Mahout系列之Decision Forest写了几篇,其中的一些过程并没有详细说明,这里就分析一下,作为Decision Forest算法系列的结束篇。
主要的问题包括:(1)在Build Forest中分析完了Step1Mapper后就没有向下分析了,而是直接进行TestForest的分析了,中间其实还是有很多操作的,比如:把Step1Mapper的Job的输出进行转换写入文件。(2)在BuildForest中没有分析当输入是Categorical的情况,这种情况下面执行的某些步骤是不一样的,主要是在DecisionTreeBuilder中的build方法中的区分。(3)在前一篇中最后的使用forest进行对数据的分类只是简要的说了下,这里详细分析下代码。(4)决策树同样可以做回归分析,在Describe阶段设置为回归问题就可以了,但是这里就不想做分析了。下面来分条进行分析:
(1)在BuildForest中提交任务后实际运行的类是Builder中的build方法中的代码。这里面的代码任务运行后的代码如下:
if (isOutput(conf)) { log.debug("Parsing the output..."); DecisionForest forest = parseOutput(job); HadoopUtil.delete(conf, outputPath); return forest; }isOutput():
protected static boolean isOutput(Configuration conf) { return conf.getBoolean("debug.mahout.rf.output", true); }可以看到这个函数去判断是否设置了debug.mahout.rf.output,如果没有设置则返回true,否则,就说明设置过了就按照设置的值来返回。这里一般都没有设置,所以就会运行if里面的代码先把job的输出传入到forest变量,然后删除job的输出。看parseOutput的操作:
protected DecisionForest parseOutput(Job job) throws IOException { Configuration conf = job.getConfiguration(); int numTrees = Builder.getNbTrees(conf); Path outputPath = getOutputPath(conf); TreeID[] keys = new TreeID[numTrees]; Node[] trees = new Node[numTrees]; processOutput(job, outputPath, keys, trees); return new DecisionForest(Arrays.asList(trees)); }这里面又有一个processOutput函数,前面就是设置一些变量的size之类的,然后到processOutput函数,看这个函数:
protected static void processOutput(JobContext job, Path outputPath, TreeID[] keys, Node[] trees) throws IOException { Preconditions.checkArgument(keys == null && trees == null || keys != null && trees != null, "if keys is null, trees should also be null"); Preconditions.checkArgument(keys == null || keys.length == trees.length, "keys.length != trees.length"); Configuration conf = job.getConfiguration(); FileSystem fs = outputPath.getFileSystem(conf); Path[] outfiles = DFUtils.listOutputFiles(fs, outputPath); // read all the outputs int index = 0; for (Path path : outfiles) { for (Pair<TreeID,MapredOutput> record : new SequenceFileIterable<TreeID, MapredOutput>(path, conf)) { TreeID key = record.getFirst(); MapredOutput value = record.getSecond(); if (keys != null) { keys[index] = key; } if (trees != null) { trees[index] = value.getTree(); } index++; } } // make sure we got all the keys/values if (keys != null && index != keys.length) { throw new IllegalStateException("Some key/values are missing from the output"); } }这里看到就是把job的输出按条读出然后写入到Node[] trees数组中,然后把数组转换为list,赋值给DecisionForest变量new DecisionForest(Arrays.asList(trees))。最后返回到BuildForest中DFUtils.storeWritable(getConf(), forestPath, forest);,这个主要是写文件,基本没啥内容了。

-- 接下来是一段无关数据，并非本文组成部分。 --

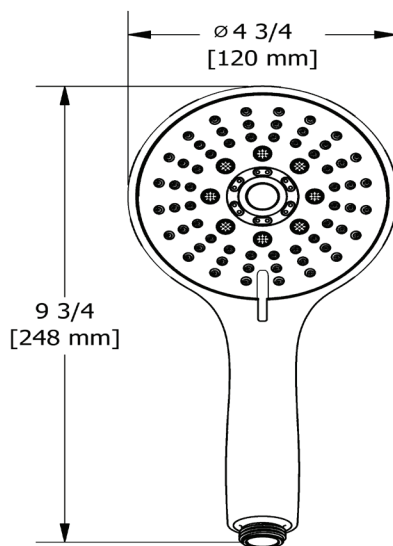

SPÉCIFICATIONS

DESCRIPTION

- 5 fonctions

DÉBITS DISPONIBLES

- 6.8L/min (1.8 gpm) (80psi) max / 5.1 L/min (1.3 gpm) (45 psi) min

CERTIFICATIONS

- ASME A112.18.1 / CSA B125.1

GARANTIE

- La plupart des produits ou pièces comprend des «garanties limitées» contre les défauts de fabrication. Pour les clients des États-Unis: veuillez consulter houseofrohl.com/support; Pour les clients du Canada : veuillez consulter houseofrohl.ca/support pour connaître les conditions complètes de la garantie des produits et finis.

Douchette 3 jets

MODÈLES : 4366

UPC®

For warranty or additional information, contact:

US Customers

U.S.A.
houseofrohl.com/support
1-800-777-9762

QUEBEC / MARITIMES / WESTERN CANADA
QUÉBEC / MARITIMES / OUEST CANADIEN
QUEBEC / MARITIMOS / CANADA OCCIDENTAL
houseofrohl.ca/support
1-866-473-8442

Canadian Customers

ONTARIO
houseofrohl.ca/support
1-800-287-5354
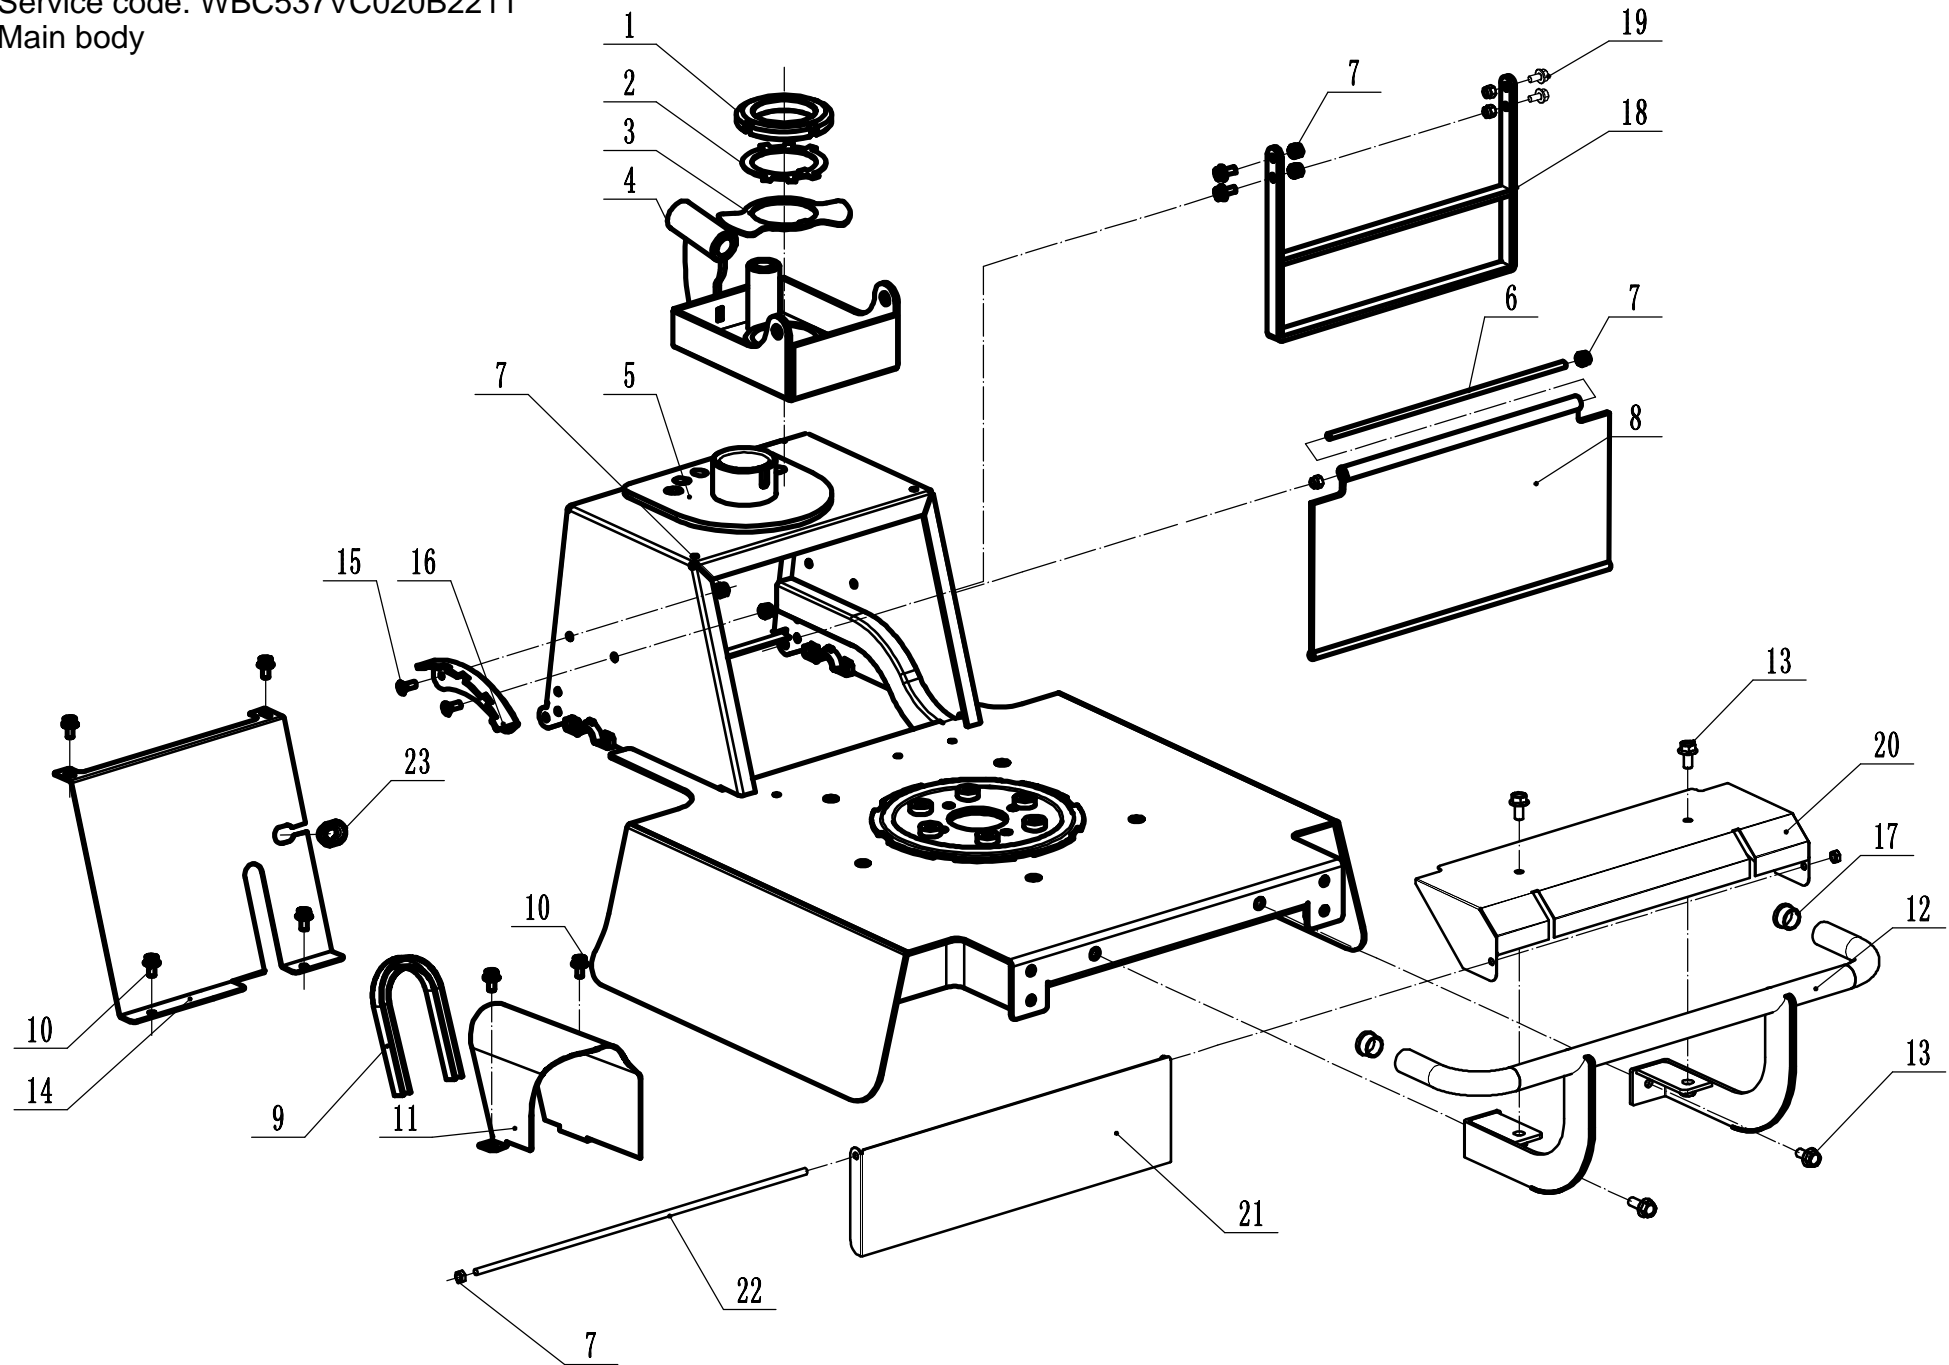

Model:WBBC537SCV
Service code: WBC537VC020B2211
Main body

(2)当输入数据中存在有Categorical的属性列时,最先的不同就是在dataset的values属性。这个values数组当输入数据属性是Numerical的时候对应的值就是null,如果是Categorical的时候就会存入相应的离散值。其次就是在DecisionTreeBuilder中find the best split这一部分的代码(源文件中192行),这里计算Split的时候分为了Categorical和Numerical,如下:
public Split computeSplit(Data data, int attr) { if (data.getDataset().isNumerical(attr)) { return numericalSplit(data, attr); } else { return categoricalSplit(data, attr); } }看categoricalSplit函数:
private static Split categoricalSplit(Data data, int attr) { double[] values = data.values(attr); int[][] counts = new int[values.length][data.getDataset().nblabels()]; int[] countAll = new int[data.getDataset().nblabels()]; Dataset dataset = data.getDataset(); // compute frequencies for (int index = 0; index < data.size(); index++) { Instance instance = data.get(index); counts[ArrayUtils.indexOf(values, instance.get(attr))][(int) dataset.getLabel(instance)]++; countAll[(int) dataset.getLabel(instance)]++; } int size = data.size(); double hy = entropy(countAll, size); // H(Y) double hyx = 0.0; // H(Y|X) double invDataSize = 1.0 / size; for (int index = 0; index < values.length; index++) { size = DataUtils.sum(counts[index]); hyx += size * invDataSize * entropy(counts[index], size); } double ig = hy - hyx; return new Split(attr, ig); }
else { // CATEGORICAL attribute double[] values = data.values(best.getAttr()); // tree is complemented Collection<Double> subsetValues = null; if (complemented) { subsetValues = Sets.newHashSet(); for (double value : values) { subsetValues.add(value); } values = fullSet.values(best.getAttr()); } int cnt = 0; Data[] subsets = new Data[values.length]; for (int index = 0; index < values.length; index++) { if (complemented && !subsetValues.contains(values[index])) { continue; } subsets[index] = data.subset(Condition.equals(best.getAttr(), values[index])); if (subsets[index].size() >= minSplitNum) { cnt++; } } // size of the subset is less than the minSpitNum if (cnt < 2) { // branch is not split double label; if (data.getDataset().isNumerical(data.getDataset().getLabelId())) { label = sum / data.size(); } else { label = data.majorityLabel(rng); } log.debug("branch is not split Leaf({})", label); return new Leaf(label); } selected[best.getAttr()] = true; Node[] children = new Node[values.length]; for (int index = 0; index < values.length; index++) { if (complemented && (subsetValues == null || !subsetValues.contains(values[index]))) { // tree is complemented double label; if (data.getDataset().isNumerical(data.getDataset().getLabelId())) { label = sum / data.size(); } else { label = data.majorityLabel(rng); } log.debug("complemented Leaf({})", label); children[index] = new Leaf(label); continue; } children[index] = build(rng, subsets[index]); } selected[best.getAttr()] = alreadySelected; childNode = new CategoricalNode(best.getAttr(), values, children); }其实上面的代码和Numerical差不多,可以说作为Numerical的一种特殊情况,即对于Numerical把其区分为等于属性值和不等于属性值即可(但是Numerical是分为小于和等于、大于两种)。其他基本就差不多了。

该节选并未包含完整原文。